Erudite and voluminous. That makes me smile.


downloading Being and Place: Reason, Nature and Society

“Darn, your list is like shopping at a tax-free shop!!! I guess I'm planning to get drunk.”


Yup, strong drinking is recommended. I’ve been giving my work away for free for years now, millions of words for students and academics to access, read, borrow, develop, take on board. It’s a commitment to the republic of letters, what Dante in Il Convivio called a banquet of learning, passing knowledge and ideas on to those who have not yet had the opportunity to eat ‘the bread of angels,’ but who yet have the hunger. I feed my own hunger, and hopelly that of others in the process. It’s been an intellectual commitment, certainly. Along the way, I have done my best to maintain academic standards. There has been a political commitment to with respect to addressing the growing crisis in the climate system. And maybe, as with Dante, it has been an act of love. I’m not sure. I certainly feel affinities with Dante, the man of politics and affairs, sent into exile to observe the ills of the world alone. Exile brought objectivity. The distance from the fray allowed Dante to see the issues and interests clearly, with an eye on an objective good. Those with a dog in the fight may not appreciate that objectivity. But in exile, you work alone and have no need to solicit the windy applause and facile support of the protagonists, those who see but a little part of the truth, mistaking it for the whole. And I despite wishful-thinking as the corruption of hope.


downloading THE THOUGHT OF KARL MARX

“Dear Dr. Critchley,

It is most interesting for me to see what guided you through your work. I am a mature PhD student (sociology and political economy) doing my thesis on Marxian alienation. I am reading your paper with great interest, and am thrilled to see the way the argument unfolds from the simple to the complex.”


This is really a synopsis of my research programme for Marx. It exists in the form of single lines with occasional elaboration. Reading this, I feel like writing my thesis again. This time just focusing on Marx. That was my initial plan. Instead, I ended up reaching into the philosophical roots of Marx’s emancipatory commitment.
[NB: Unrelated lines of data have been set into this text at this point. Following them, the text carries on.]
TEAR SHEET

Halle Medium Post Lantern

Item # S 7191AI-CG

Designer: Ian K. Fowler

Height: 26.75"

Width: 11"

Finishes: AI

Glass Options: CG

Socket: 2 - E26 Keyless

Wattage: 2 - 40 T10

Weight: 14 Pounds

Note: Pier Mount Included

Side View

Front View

downloading Marx, Praxis and Socialism from Below

“I am engrossed in this book of yours. Thanks for sharing it.”


It’s about 1400 pages long as a I remember, so if you get engrossed in there you may never come out and see the stars again.


“I am gratified to see you identify the prime causes that are dragging our society into downfall to ugly peril. Successful application of abilities in unethical ways and means to secure a favorable exchange ratio could be realized only with the help of government brasses and public servants and ruling politicians. The application of abilities on unethical ways during the process of exchange returns with an advantageous exchange ratio on either side party who is more unethical. The wealth/resources accumulated with unethical part of exchange process become a special influencing parameter (Capitalistic parameter) to undermine opposite party in future exchange. Ultimately, it turns into a race to hold maximum unethical resources to dictate most advantageous exchange ratio in all future exchange processes. I look forward to reading your work more closely.”
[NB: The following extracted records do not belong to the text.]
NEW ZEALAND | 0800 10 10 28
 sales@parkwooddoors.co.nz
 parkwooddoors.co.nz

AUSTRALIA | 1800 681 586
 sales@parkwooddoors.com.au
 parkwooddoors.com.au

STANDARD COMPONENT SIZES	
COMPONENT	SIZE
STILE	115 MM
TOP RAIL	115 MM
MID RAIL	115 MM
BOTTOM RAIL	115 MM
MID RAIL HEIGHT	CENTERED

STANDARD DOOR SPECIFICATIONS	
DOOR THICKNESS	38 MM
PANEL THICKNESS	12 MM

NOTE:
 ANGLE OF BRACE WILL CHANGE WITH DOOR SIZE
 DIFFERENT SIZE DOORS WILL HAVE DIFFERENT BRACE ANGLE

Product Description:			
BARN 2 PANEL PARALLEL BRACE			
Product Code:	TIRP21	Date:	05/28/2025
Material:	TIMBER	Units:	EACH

I think I understand that. I’m less than sure that I argue things precisely that way.


This from Spinozist philosopher Charles M Saunders

“After reading your abstract on 'Spinoza and the Man of Reason' it came to me that our takes on Spinoza's 'intended meanings' in his work share commonalities. When you noted Foucault's misinterpretation (my words, not yours), which I typically extend to most of the French so-called Spinoza 'scholars', I decided to discover more about you and your profile. Cheers to your pedagogical inclusion. Once Spinoza remarks, in the TIE, "For we have an adequate idea", he announces, as far as I'm concerned, that the chain of adequacy that virtually anyone can build for themselves, marks a new potential for assigning genius, in potential, to all people, everywhere.

Following what I believe is Baruch's lead, my system revolves around something I call, 'doing philosophy'. This involves going directly to the author's words and without reference to any outside authority, offering a line-by-line interpretation of the author's intent. This makes the reader the final arbiter of the worth of any given document.
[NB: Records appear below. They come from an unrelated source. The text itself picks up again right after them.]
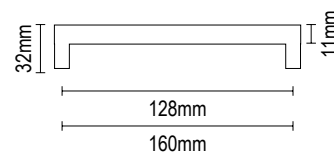

Λαβίτσες Επίπλων

Furniture Handles

vio 05.69

ΝΙΚΕΛ ΜΑΤ / NICKEL MAT

05.69/128.59 128mm

05.69/160.59 160mm

vio 05.66

At any rate, I have already shared the aforementioned work of yours with my like minded souls.

All the very best!

Semper, Sapere, Aude,

Charles M. Saunders


Indeed! I like the approach of St Thomas Aquinas College in California, where students go directly to ‘good books,’ rather than secondary commentaries. I have always been averse to the war of the footnotes. You have to do it on the way to earning a PhD, but I loathed it. I wanted to go directly to the work of Plato, Aristotle, Rousseau, Kant, Hegel, Marx, Weber, and Habermas and, as it happened, taking that broad sweep served me well. It was simply impossible to include too much commentary on the secondary sources when I was addressing the works of the best philosophers directly. Read in the raw, the ideas of the great philosophers come back to life and invite us to philosophize.


downloading BEYOND MODERNITY AND POSTMODERNITY Pt 5 The Critique of Alien Politics

“Dear Peter, What sparked my interest was the choice of your topics and the great consistency and depth with which you deal with them.”


Rational Freedom is the unifying theme running throughout my work.


downloading REASON AS THE REALISATION OF NATURE

“Dear Peter,

My interest is in the relationship of Natural Law to the Constructal Law, the symmetry of the great philosophers relative to the physical constructal law.”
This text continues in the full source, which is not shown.